The matter was settled, seemingly to everyone's satisfaction, with the crafting of a resolution stating that GOP clubs should not be recognized if their charter is "based upon sexual orientation or based on the promotion or advocacy of any particular sexual life style."

Dannemeyer and allies pronounced themselves pleased. But he acknowledged the policy statement would have no effect on any group now part of the state GOP, because no club charter contains reference to sexual orientation.

The strongly anti-gay congressman added, though, that he believes the resolution will stop the party from making any overtures to homosexual groups.

Stephen M. Kinney, regional political director for the Republican National Committee, said the painless compromise proved the party's determination to get serious this election year. "More and more, we're understanding that internal squabbling doesn't help us," he said.

Others called it part of the GOP's new "conflict management."
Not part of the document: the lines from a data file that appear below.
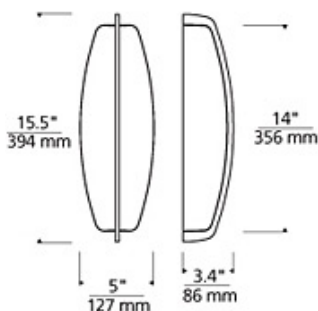

Corva Wall 

**DESCRIPTION**

Elliptical glass shade with metal band detail. Provides task and ambient light. Incandescent version may only be mounted vertically; compact fluorescent version may be mounted vertically or horizontally. Includes 120 volt, 60 watt medium base BT15 halogen lamp or 13 watt 2GX7 base twin tube compact fluorescent lamp (electronic ballast included). Incandescent version dimmable with standard incandescent dimmer. ADA compliant.

**INSTALLATION**

This product can mount to either a 4" square electrical box with round plaster ring or an octagonal electrical box (not included).

**DIMMING**

Incandescent version dimmable with a standard incandescent dimmer (not included).

**WEIGHT**

3.84lb / 1.74kg

**ORDERING INFORMATION**

700WSCRWV	COLOR	FINISH	LAMP
	WHITE	Z ANTIQUE BRONZE	INCANDESCENT 120V
	C	CHROME	-CF COMPACT FLUORESCENT
	S	SATIN NICKEL	120V

**TECH LIGHTING®**

7400 Linder Avenue T 847.410.4400  
Skokie, Illinois 60077 F 847.410.4500
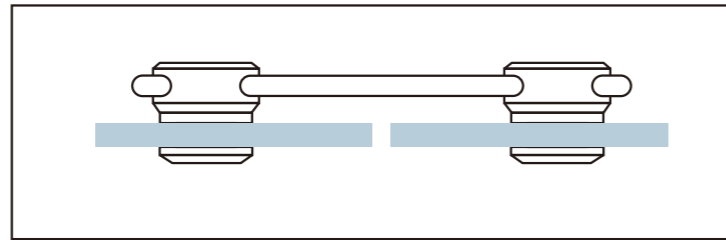

GLASS PIVOT DOOR

**PD753
(C/F)**

Glass to glass connector 180°
1、Material:Stainless steel 304
2、Finishing:Polished, Satin
3、Suitable for glass door, for 10/12mm glass
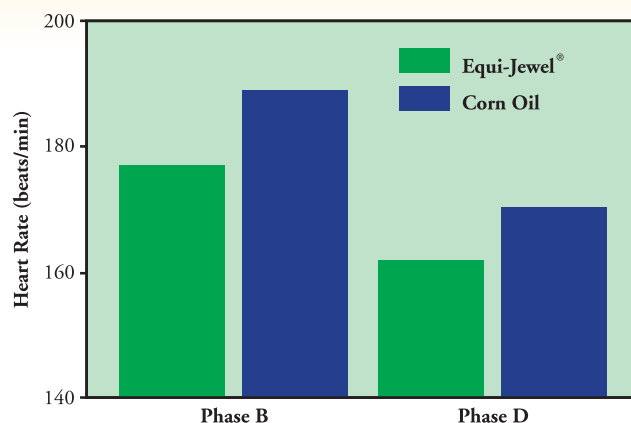

When rice bran was substituted for corn oil in rations, horses had lower heart rates and subsequent shorter recovery periods. In essence, horses fed Equi-Jewel will have greater stamina and endurance than horses fed corn oil.

Equi-Jewel's added fat benefits horses of all ages and stages

Equi-Jewel is beneficial for horses young and old. Youngsters maintained on high-fat, low-starch diets grow into sounder horses. The delicate systems of older horses utilize this highly digestible source of energy more efficiently and exhibit a decreased risk of metabolic disease. Broodmares and stallions benefit from the extra energy to maintain condition during pregnancy, lactation and breeding. Mares in positive energy balance (maintaining or gaining weight) conceive more readily than those in negative energy balance (losing weight).

Equi-Jewel contains minimal starch and is a very safe source of calories for all horses. It can be used to replace larger volumes of starchy concentrate, therefore decreasing meal size. Feeding smaller meals lessens the risk of grain overload, which in turn reduces the incidence of feed-related colic and laminitis.

Horses need a certain amount of fat in their diet so they can utilize the fat-soluble vitamins A, D, E and K. The absorption of these vitamins is vital to overall wellness and optimal performance. Additional dietary fat ensures proper vitamin absorption.

A positive effect of fat metabolism is that fat burns at a slow, steady rate, reducing glucose and insulin spikes. This is beneficial for horses diagnosed with laminitis, insulin resistance, and other metabolic disorders. Such horses are often prescribed diets high in fat.

Equi-Jewel is available in an easy-to-feed, tasty pellet that even finicky eaters rarely turn down. For top performance, choose Equi-Jewel.

**Kentucky
Performance
Products** LLC

P.O. Box 1013
Versailles, KY 40383
800-772-1988
KPPusa.com
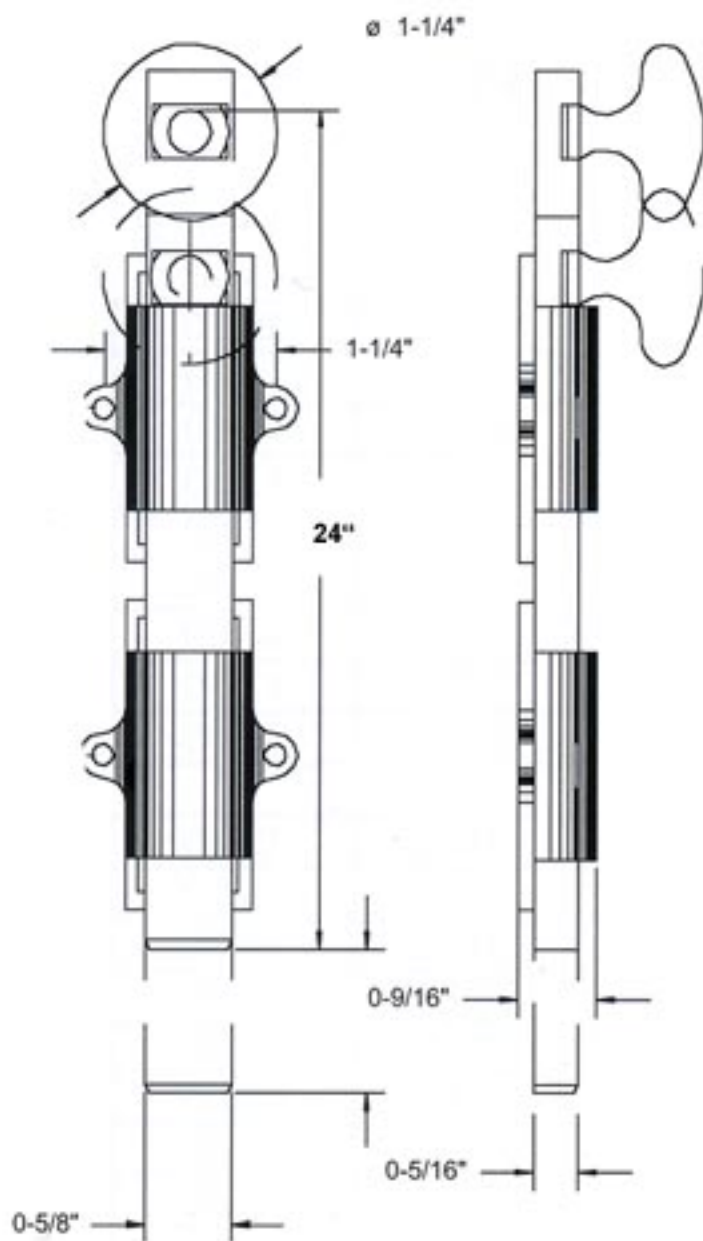

# Deltana DEL-24SB 24" Surface Bolt

1-1/16" PROJECTION

Angle Strike  $1-1/8"$

Mortise Strike  $1-1/16"$

Universal Strike
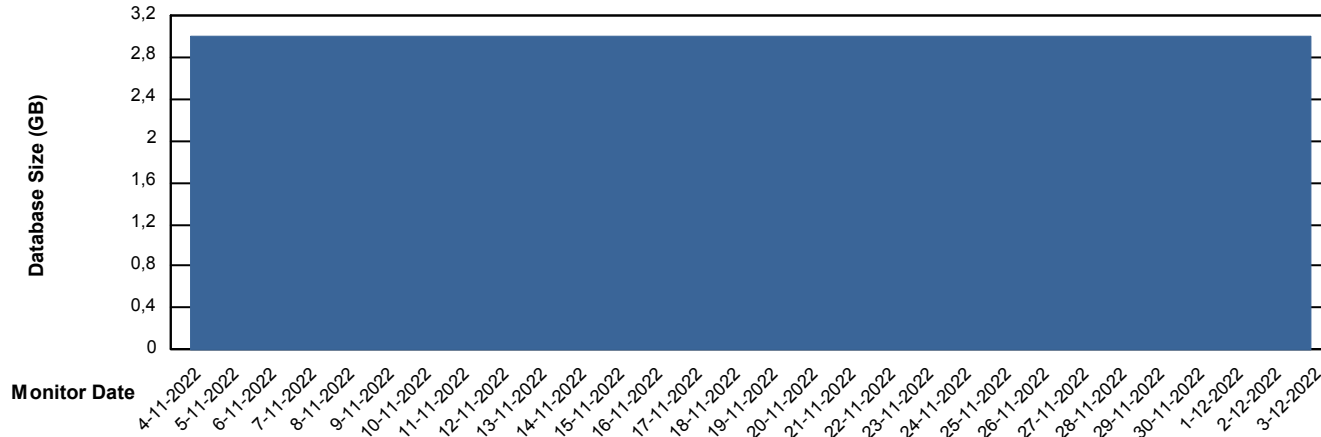

DATABASE SIZE KLHDB_BI

Database growth over last month
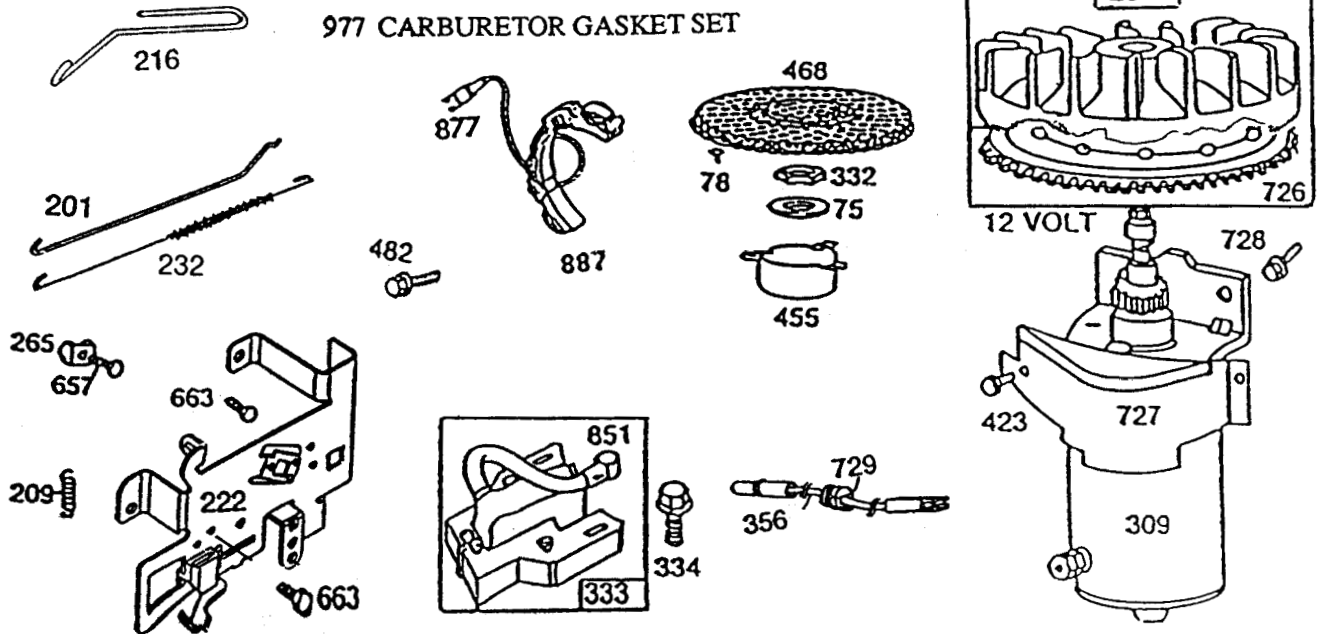

121 CARBURETOR OVERHAUL KIT

977 CARBURETOR GASKET SET

* REQUIRES SPECIAL TOOLS TO INSTALL.
SEE REPAIR INSTRUCTION MANUAL.

Assemblies include all parts shown in frames.

Also approved by the convention without debate were resolutions declaring that homosexuals should not receive special civil rights protection from the government based on sexual orientation, as well as a measure objecting to any public school counseling program that "suggests that homosexuality is a positive alternative lifestyle."

Meanwhile, conservatives who object to gun control did not even make a showing at the convention, and both sides in the bitter fight over abortion quietly accepted a delay until the party's next convention in July to argue that matter.

In a victory for Gov. George Deukmejian, the convention endorsed a June ballot proposition seeking a gasoline tax increase to pay for highway improvements. Although he has opposed tax increases throughout most of his political career, Deukmejian is a leading advocate of the higher gasoline tax.

While there was consensus at the convention, Republicans found themselves short on another important ingredient for political success: excitement.

Their candidate for governor, U.S. Sen. Pete Wilson, worked for hours on a speech Saturday night in which he attempted to energize the party faithful. But it was greeted with perfunctory applause, and interviews with more than a dozen random delegates immediately afterward failed to find a single one who could recall something inspirational or memorable that he had said.

The speech was devoted largely to themes that have become almost generic to the GOP. Wilson asserted it is the party of the flag and "not those who would desecrate the flag."

He also said: "We are the party that wants criminals handcuffed by police, not the police handcuffed by a criminal justice system. . . . The best social program is a job. . . . We will not tolerate California under siege to rapists and thugs and drug dealers. . . . We are the party that seeks excellence in education. . . ."

Wilson aides said the purpose of the message was to reaffirm the party's conservative ideals, not break new ground.